(Data in this exercise)
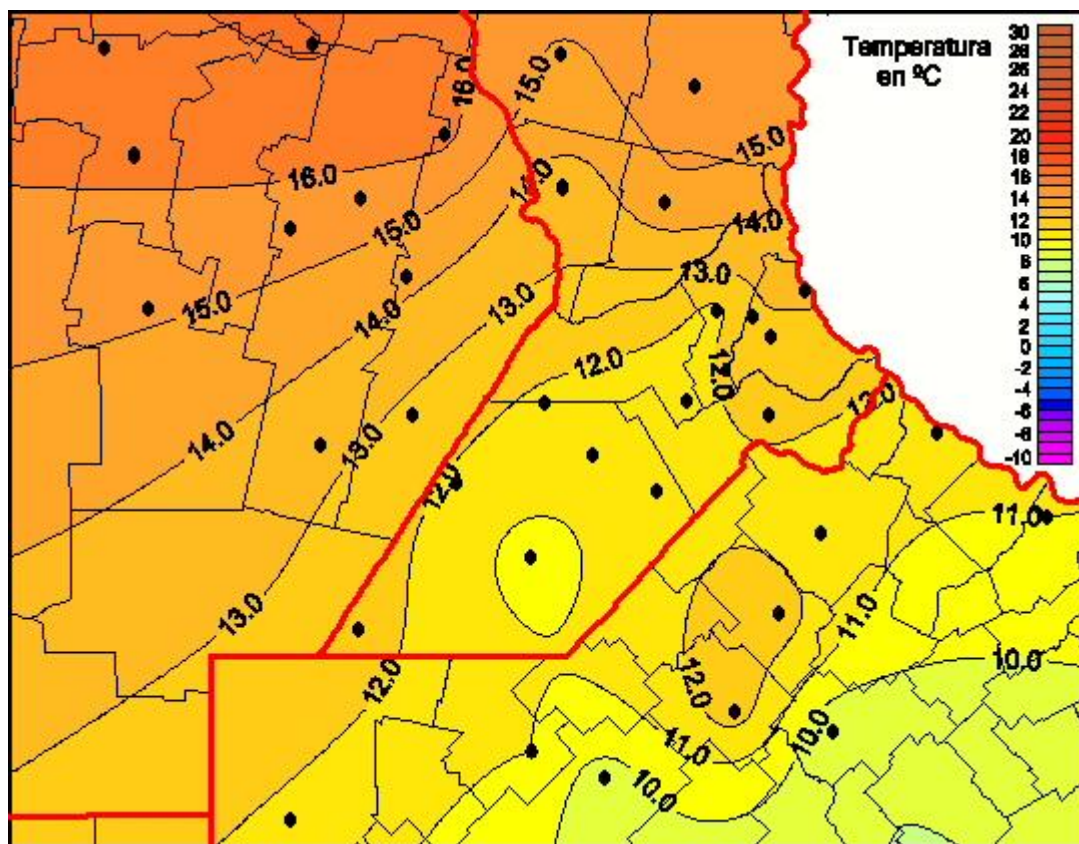

## Temperaturas Mínimas

Mapa de temperaturas mínimas de las últimas 24 horas.  
(Desde las 8:00AM hasta las 8:00AM). Se actualiza a las 10:00hs.
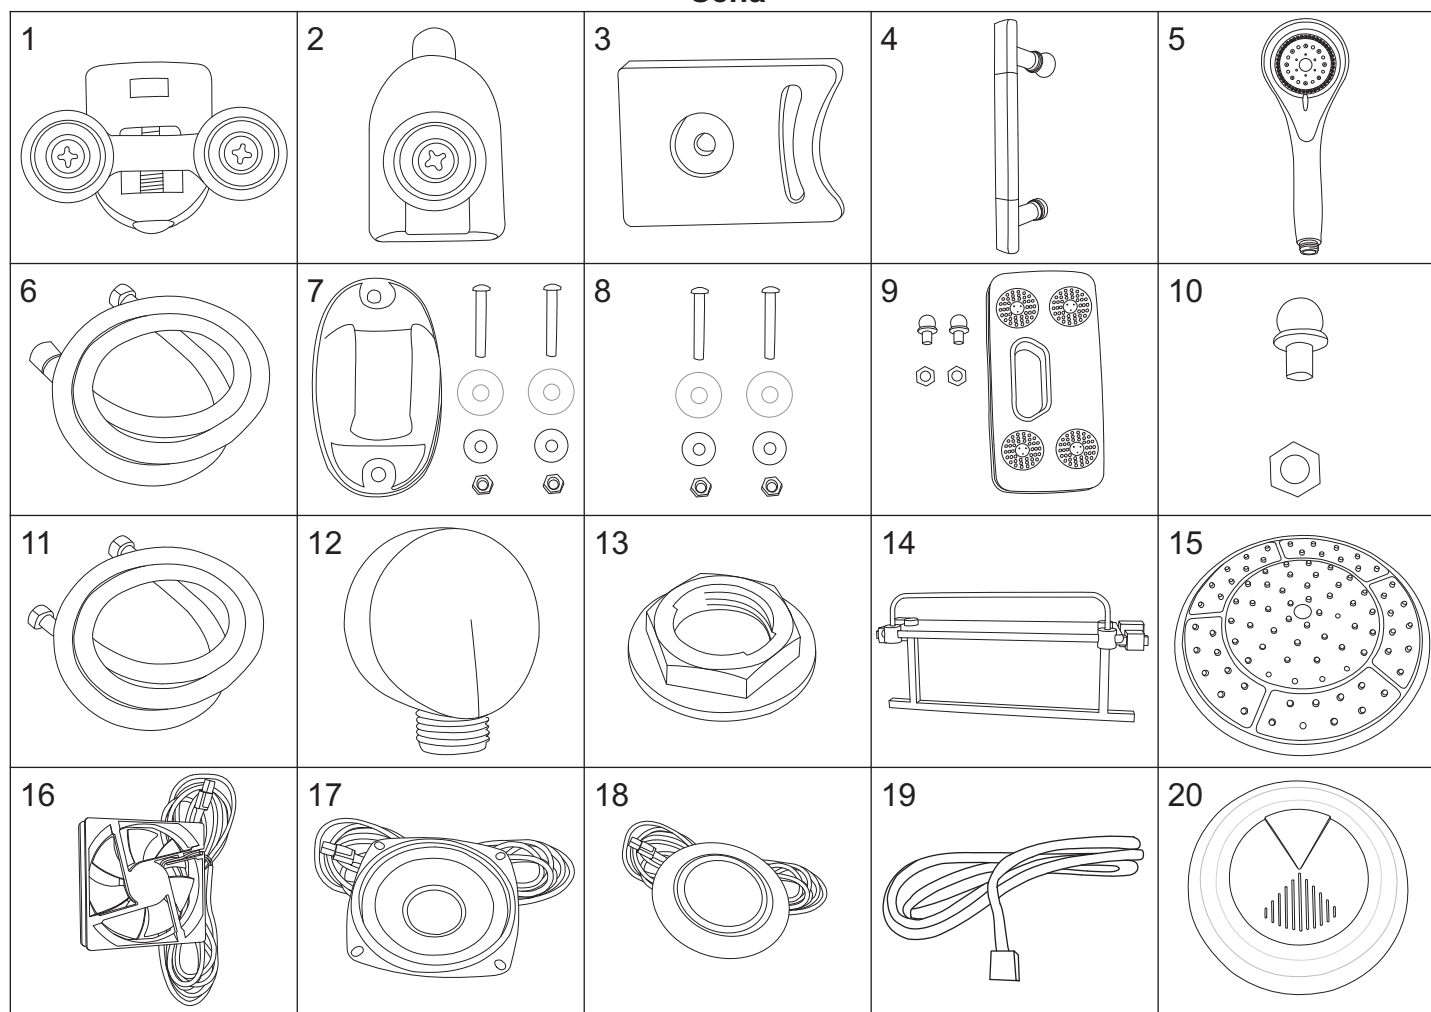

Sena

numer	symbol	nazwa części	grupa cenowa	uwagi
1	702010045	rolka górna	E	średnica kółka 21
2	702010046	rolka dolna	E	średnica kółka 21
3	702010003	odbojnik	B	
4	702020004	uchwyt drzwi	G	rozstaw otworów 145
5	105010015	słuchawka natryskowa	G	
6	105020007	wąż natryskowy	E	1/2" x 1/2" L1200
7	105030022	uchwyt słuchawki natryskowej	D	
8	701020032	śruby uchwyty słuchawki	A	
9	105010012	masażer	H	
10	105030010	uchwyt masażera	B	
11	105020006	wąż masażera	E	1/2" x 1/2" L1000
12	102050005	przyłącze węża natryskowego	C	
13	701020002	nakrętka 1/2" z kołnierzem - tworzywo	A	
14	703010029	półka	H	rozstaw otworów 380
15	105010011	deszczownica	I	średnica 25 cm
16	604020002	wentylator	G	długość przewodu 110 cm
17	604030002	głośnik	H	długość przewodu 110 cm
18	604010002	halogen	H	długość przewodu 10 cm
19	604040001	przedłużacz halogenu	B	długość 120 cm
20	802010002	osłona głośnika/wentylatora	E
(End Data in this exercise)
__Assigned task__. Any pictures should be dropped; transcribe the rest of the records above exactly.

__Exercise answer__.
## Temperaturas Mínimas

Mapa de temperaturas mínimas de las últimas 24 horas.  
(Desde las 8:00AM hasta las 8:00AM). Se actualiza a las 10:00hs.

Sena

numer	symbol	nazwa części	grupa cenowa	uwagi
1	702010045	rolka górna	E	średnica kółka 21
2	702010046	rolka dolna	E	średnica kółka 21
3	702010003	odbojnik	B	
4	702020004	uchwyt drzwi	G	rozstaw otworów 145
5	105010015	słuchawka natryskowa	G	
6	105020007	wąż natryskowy	E	1/2" x 1/2" L1200
7	105030022	uchwyt słuchawki natryskowej	D	
8	701020032	śruby uchwyty słuchawki	A	
9	105010012	masażer	H	
10	105030010	uchwyt masażera	B	
11	105020006	wąż masażera	E	1/2" x 1/2" L1000
12	102050005	przyłącze węża natryskowego	C	
13	701020002	nakrętka 1/2" z kołnierzem - tworzywo	A	
14	703010029	półka	H	rozstaw otworów 380
15	105010011	deszczownica	I	średnica 25 cm
16	604020002	wentylator	G	długość przewodu 110 cm
17	604030002	głośnik	H	długość przewodu 110 cm
18	604010002	halogen	H	długość przewodu 10 cm
19	604040001	przedłużacz halogenu	B	długość 120 cm
20	802010002	osłona głośnika/wentylatora	E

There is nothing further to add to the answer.